Data excerpts:
::::::

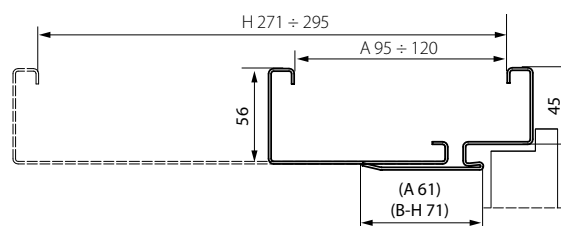

ROZSAHY ZÁRUBNĚ REGULAOVANÁ BASIC

BARVY

Vzorky barev viz str. 249-256

Polyesterová barva Premium

SKUPINA I	Bílý MAT	Popelavý MAT	Antracit struktura	SKUPINA II	Černá struktura	
	Antracit HPL/ CPL	Běžová MAT	Hnědá MAT		SKUPINA III	Černá MAT

Základní barva
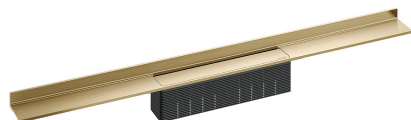

## Duschrinne CeraWall Select messing matt, 1000 mm

Artikelnummer: 535412

GTIN: 4001636535412

Rabattgruppe: 11

### Beschreibung:

Duschrinne CeraWall Select messing matt, 1000 mm

zum Einbau mit Ablaufgehäusen CeraFlex, CeraFlex Plan, CeraFlex senkrecht, DallFlex, DallFlex Plan, DallFlex senkrecht und Duschelementen DallFlex Wall, DallFlex Wall Plan.

Ablaufschiene mit mehrseitigem Präzisionsgefälle, sichtbar am Übergang zwischen Wand und Boden installiert, geeignet für Bodenbeläge von 10 – 24 mm und Wandbeläge von 12 – 24 mm (inkl. Kleberbett), Länge millimetergenau anpassbar.

#### MATERIAL

Edelstahl 1.4301, massiv 5 mm, Belastungsklasse K 3 (300 kg), farbig PVD beschichtet messing matt

Bestellhinweis CeraWall Select:

Bitte Ablaufgehäuse CeraFlex, DallFlex oder Duschelement DallFlex Wall + Duschrinne CeraWall Select bestellen!
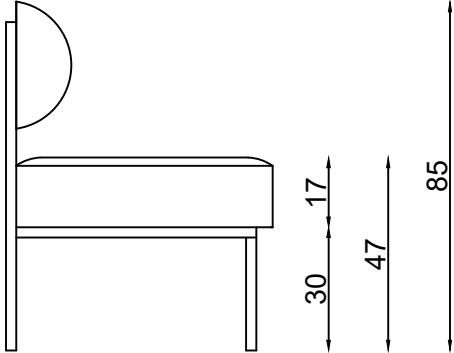

DINING SCALLOP 01
STANDARD 135cm

135

65

30

17

85

DINING SCALLOP 01
CORNER SECTION

65
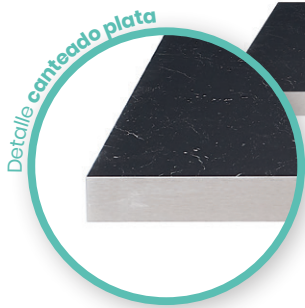

**Mesa Munich 9877
70x70**
Tablero Metalmelamina
Zeus Negro
Aluminio Pintado Blanco

::::::

> [Problem to solve] With pictures excluded, the data must be transcribed in full and to the letter.

> [Expected output]
ROZSAHY ZÁRUBNĚ REGULAOVANÁ BASIC

BARVY

Vzorky barev viz str. 249-256

Polyesterová barva Premium

SKUPINA I	Bílý MAT	Popelavý MAT	Antracit struktura	SKUPINA II	Černá struktura	
	Antracit HPL/ CPL	Běžová MAT	Hnědá MAT		SKUPINA III	Černá MAT

Základní barva

## Duschrinne CeraWall Select messing matt, 1000 mm

Artikelnummer: 535412

GTIN: 4001636535412

Rabattgruppe: 11

### Beschreibung:

Duschrinne CeraWall Select messing matt, 1000 mm

zum Einbau mit Ablaufgehäusen CeraFlex, CeraFlex Plan, CeraFlex senkrecht, DallFlex, DallFlex Plan, DallFlex senkrecht und Duschelementen DallFlex Wall, DallFlex Wall Plan.

Ablaufschiene mit mehrseitigem Präzisionsgefälle, sichtbar am Übergang zwischen Wand und Boden installiert, geeignet für Bodenbeläge von 10 – 24 mm und Wandbeläge von 12 – 24 mm (inkl. Kleberbett), Länge millimetergenau anpassbar.

#### MATERIAL

Edelstahl 1.4301, massiv 5 mm, Belastungsklasse K 3 (300 kg), farbig PVD beschichtet messing matt

Bestellhinweis CeraWall Select:

Bitte Ablaufgehäuse CeraFlex, DallFlex oder Duschelement DallFlex Wall + Duschrinne CeraWall Select bestellen!

DINING SCALLOP 01
STANDARD 135cm

135

65

30

17

85

DINING SCALLOP 01
CORNER SECTION

65

**Mesa Munich 9877
70x70**
Tablero Metalmelamina
Zeus Negro
Aluminio Pintado Blanco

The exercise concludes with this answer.